* _Work item_
Say how many lines in the data hold "Dénivelé". Nothing else belongs in the answer.
┄┄┄┄┄┄┄┄┄┄
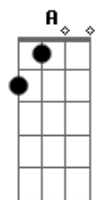

Lobão - Canos Silenciosos

Tom: A
Intro: .: Gbm B A

Gbm B A Gbm B A
Onda na madrugada, silêncio na batida
Gbm B A
Tá todo mundo se aplicando pra festa,
Gbm B A
Pra chegar na festa bem aplicadinho
Gbm B A Gbm B A
Movimento na esquina, todo mundo entra, todo mundo sai;
Gbm B A
sexo, drops, rock'n roll, adrenalina;
Gbm B A
diversões eletrônicas num poderoso hi-fi

//(Refrão)

D B
Oh! E a noite tá no sangue de hoje
Gbm B A
Deixa a noite rolar
D B
Oh! E a noite tá no sangue de hoje

Gbm B A
Deixa a noite rolar
\\

(Gbm B A) 4 vezes

Gbm B A Gbm B A
Canos silenciosos, nervosa calma
Gbm B A
Quando todo mundo pensava que ia se divertir pra cá
Gbm B A
É bem aí, é bem aí que o pânico todo se inicia
Gbm B A
Correria na esquina
Gbm B A
Ninguém mais entra, ninguém mais sai
Gbm B A
Homens, fardas, cassetetes, camburões
Gbm B A
Abusando da lei com suas poderosas credenciais

Repete: Refrão

Acordes
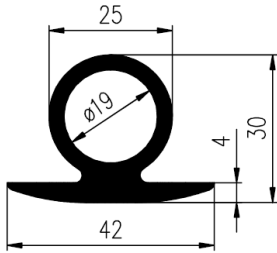

Bestel Nummer	Mengsel
VP4067	NBR zwart 70 sh A

Bestel Nummer	Mengsel
VP2830	NBR zwart 70 sh A

Bestel Nummer	Mengsel
VP2306	EPDM zwart 70 sh A

Bestel Nummer	Mengsel
VP2798	NBR/SBR zwart 60 sh A

Bestel Nummer	Mengsel
VP2945	EPDM zwart 70 sh A
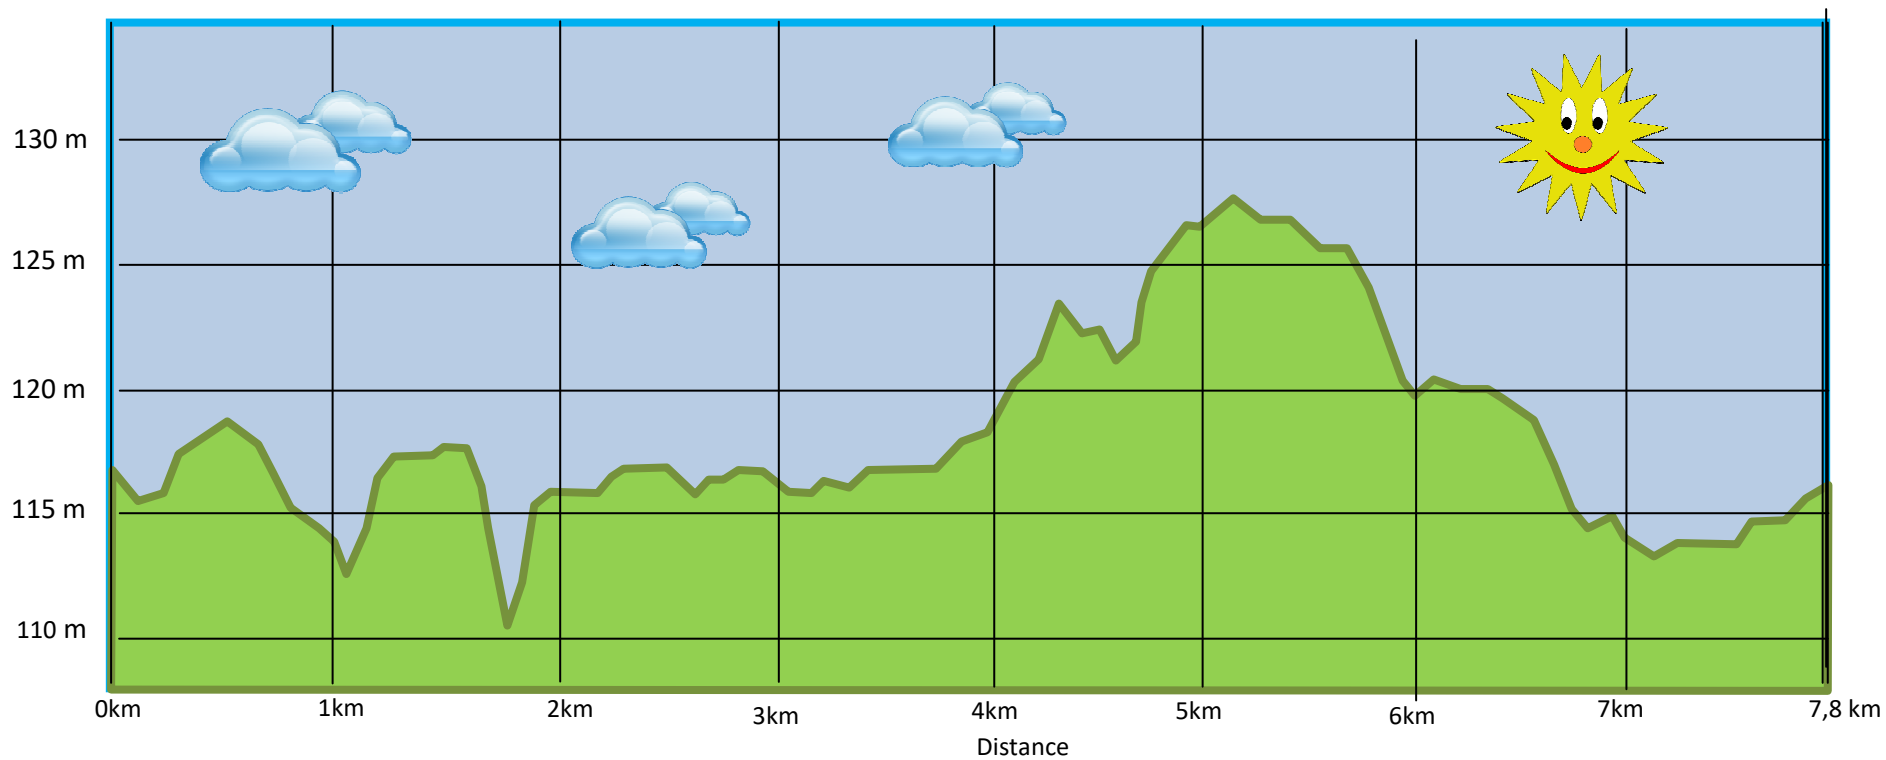

Dénivelé positif	35 m
Dénivelé négatif	35 m
Point culminant	128 m
Point le plus bas	111 m

Altitude

Dénivelé du parcours de l'après midi d'Amilly (stade) : 7,8 km
Dénivelé dessiné par Claude Hospice.
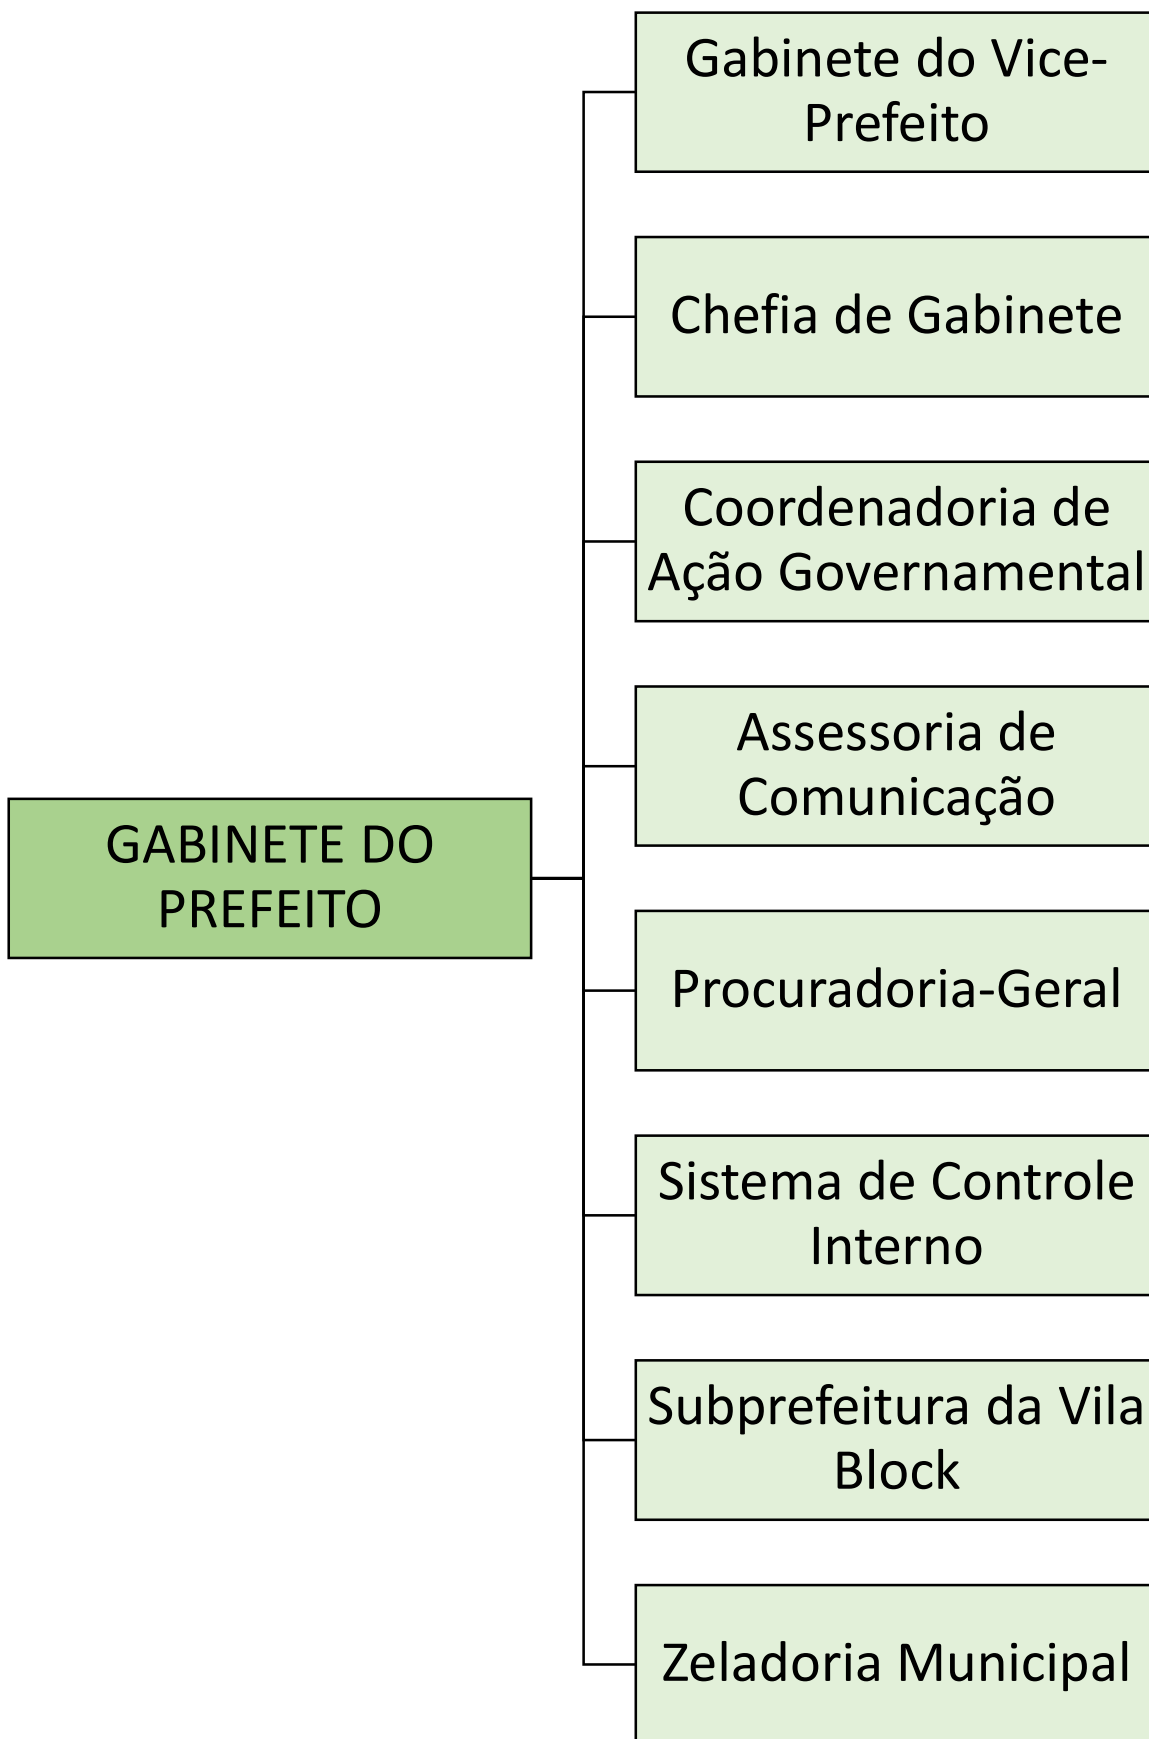

PREFEITURA MUNICIPAL DE SÃO SEPÉ
RIO GRANDE DO SUL
saosepe.atende.net

ANEXO I

**ORGANOGRAMA DA ESTRUTURA ORGANIZACIONAL
ADMINISTRAÇÃO DIRETA DO PODER EXECUTIVO**

ORGANOGRAMA DO GABINETE DO PREFEITO

PREFEITURA MUNICIPAL DE SÃO SEPÉ

RIO GRANDE DO SUL

saosepe.atende.net

PREFEITURA MUNICIPAL DE SÃO SEPÉ

RIO GRANDE DO SUL

saosepe.atende.net

ORGANOGRAMA DA SECRETARIA MUNICIPAL DE ADMINISTRAÇÃO

PREFEITURA MUNICIPAL DE SÃO SEPÉ

RIO GRANDE DO SUL
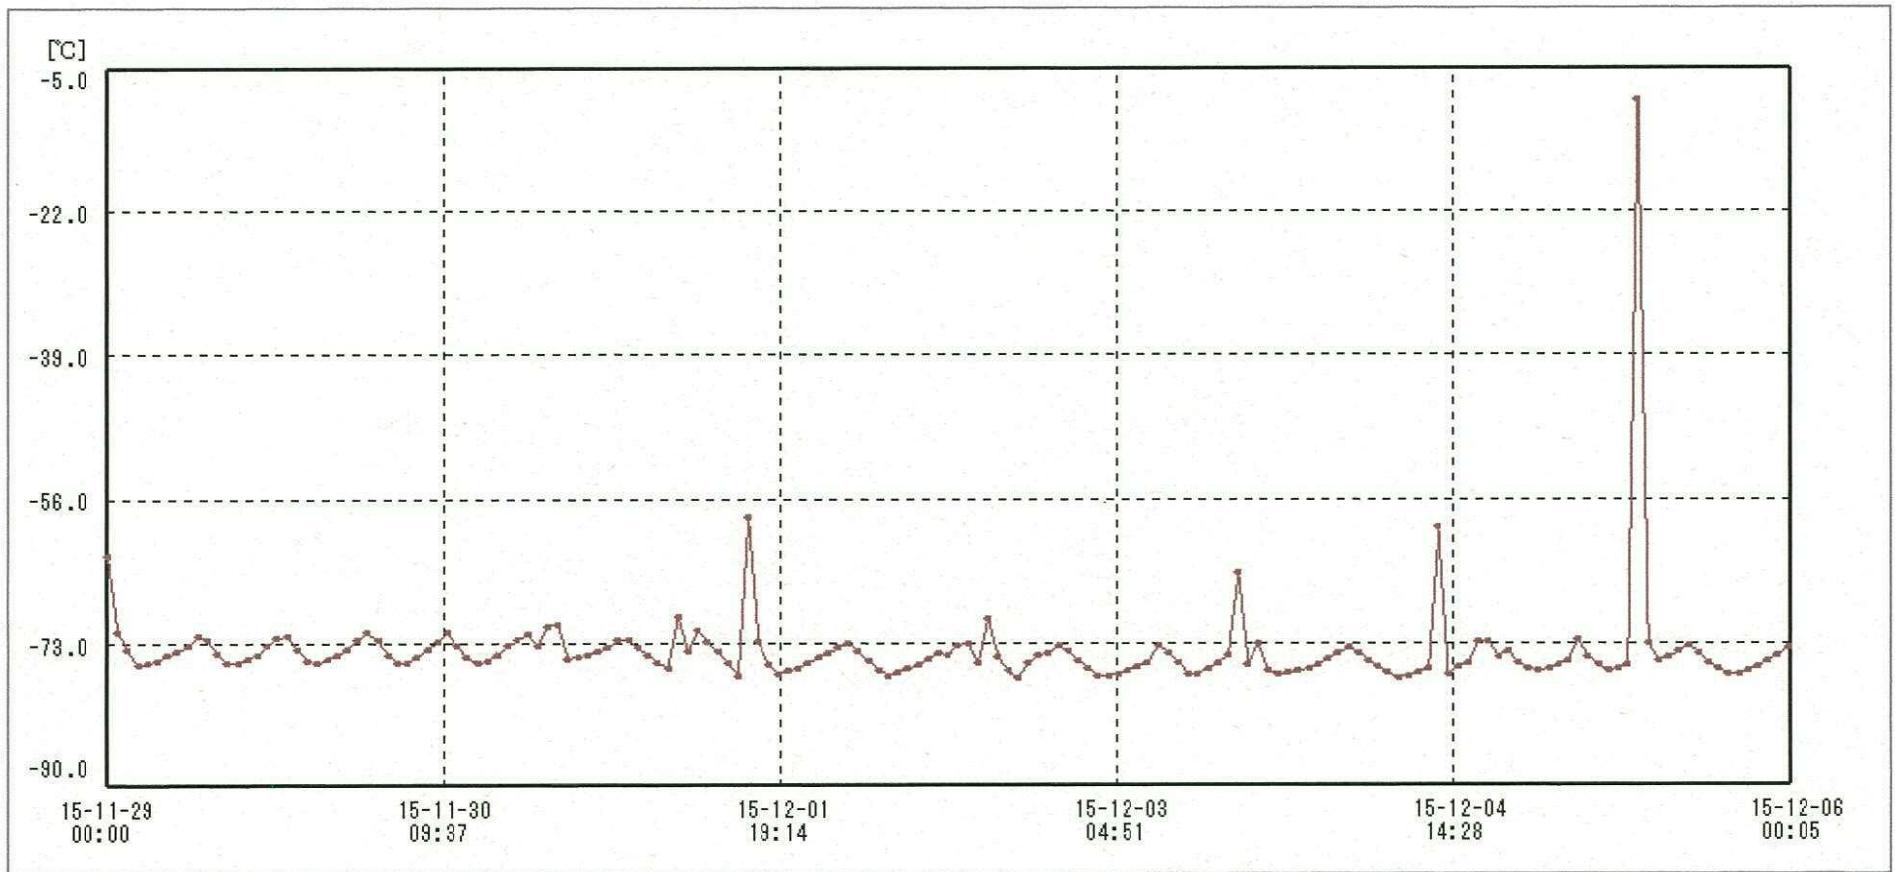

検体用 冷凍庫

送信器名称 CH番号	冷凍庫 CH1
▶ グラフ表示	<input checked="" type="checkbox"/>
単位	°C
収録データ数	169
欠損データ数	0
測定間隔	01:00:00
最高値	-8.9
最低値	-77.2
平均値	-73.9

7/Dec/2015 南原沙織
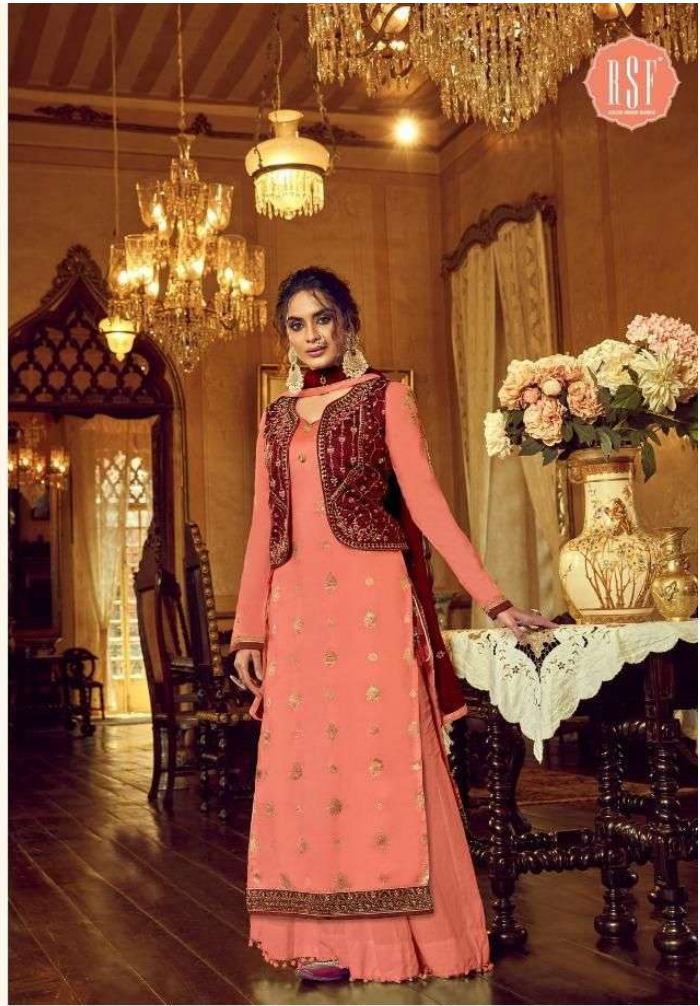

TAANI

JACKET

rsf-taani-jacket-pure-silk-jaccard-salwar-suit

D.No.18503

rsf-taani-jacket-pure-silk-jaccard-salwar-suit

rsf-taani-jacket-pure-silk-jaccard-salwar-suit

D.No.18505

rsf-taani-jacket-pure-silk-jaccard-salwar-suit

D.No.-18504

rsf-taani-jacket-pure-silk-jaccard-salwar-suit

rsf-taani-jacket-pure-silk-jaccard-salwar-suit

TAANI JACKET

D.No.18501

D.No.18502

D.No.18503

D.No.18504
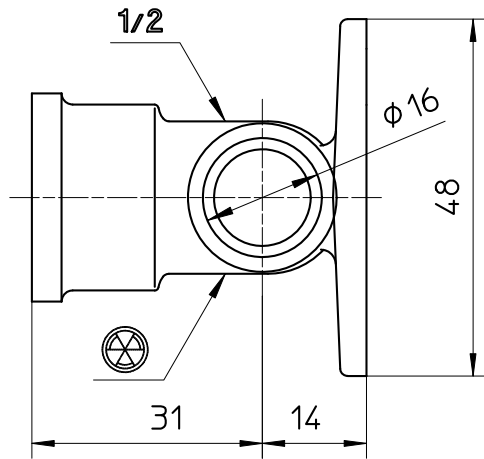

図番

備考

品名

銅管座付水栓エルボ

尺度

1 : 1

承認

21・9・16

検図

21・9・16

製図

21・9・16

設計

・

第三角法

品番
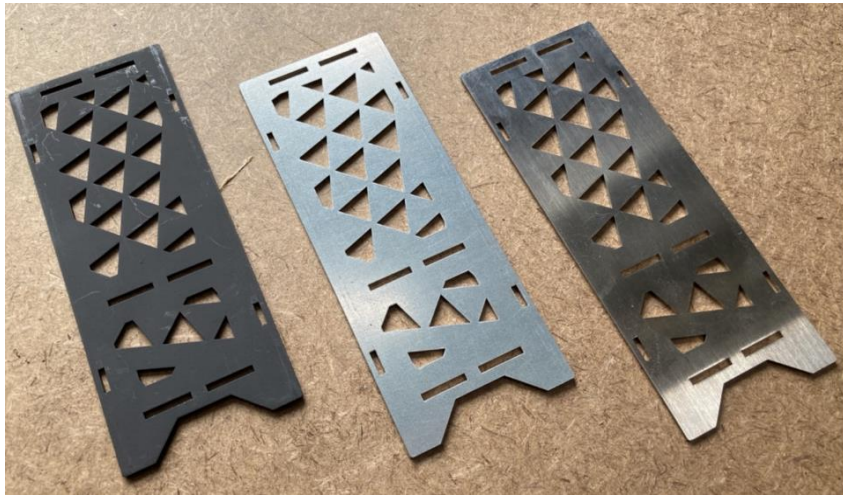

組み立て完成イメージ

ライトアップイメージ

側面デザイン

① 麻の葉

② 花火

③ アヒル

④ スパイダー

⑤ 水玉

⑥ 市松

⑦ トライアングル

⑧ セレクトワーズ

左から

A:鉄（マットブラック塗装）、B:メッキ鉄（無塗装）、C:ステンレス（無塗装）

A : 鉄（マットブラック塗装）

B : メッキ鉄（無塗装）

C : ステンレス（無塗装）
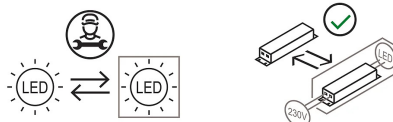

Certifications

EcoLabel
┄┄┄┄┄┄┄┄┄┄
* _Result for this exercise_
4